● Task description: For every line in the records that has the word "MANDAL", make a copy.
:::::
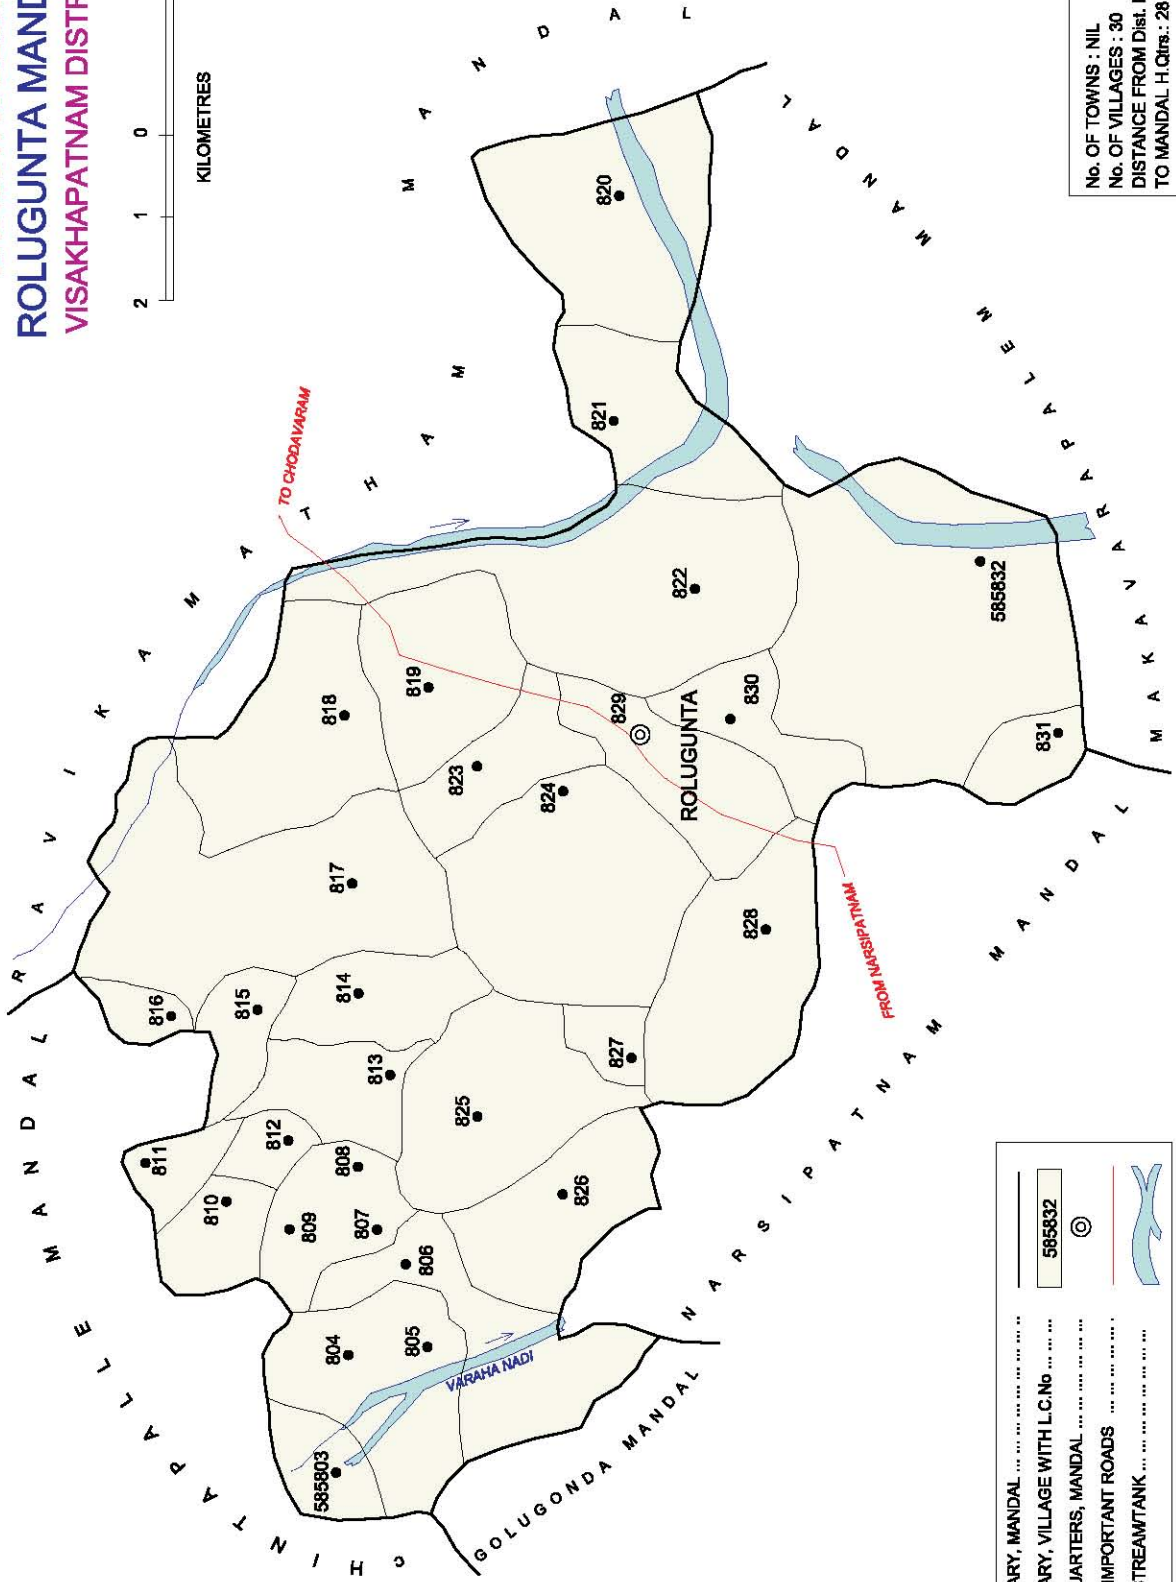

INDIA
ANDHRA PRADESH
ROLUGUNTA MANDAL
VISAKHAPATNAM DISTRICT

No. OF TOWNS : NIL
No. OF VILLAGES : 30
DISTANCE FROM Dist. H.Qtrs.
TO MANDAL H.Qtrs.: 28 Kms.

	BOUNDARY, MANDAL
	BOUNDARY, VILLAGE WITH L.C.No
	HEADQUARTERS, MANDAL
	OTHER IMPORTANT ROADS
	RIVER/STREAM/TANK
:::::
● Written solution:
ROLUGUNTA MANDAL
TO MANDAL H.Qtrs.: 28 Kms.
	BOUNDARY, MANDAL
	HEADQUARTERS, MANDAL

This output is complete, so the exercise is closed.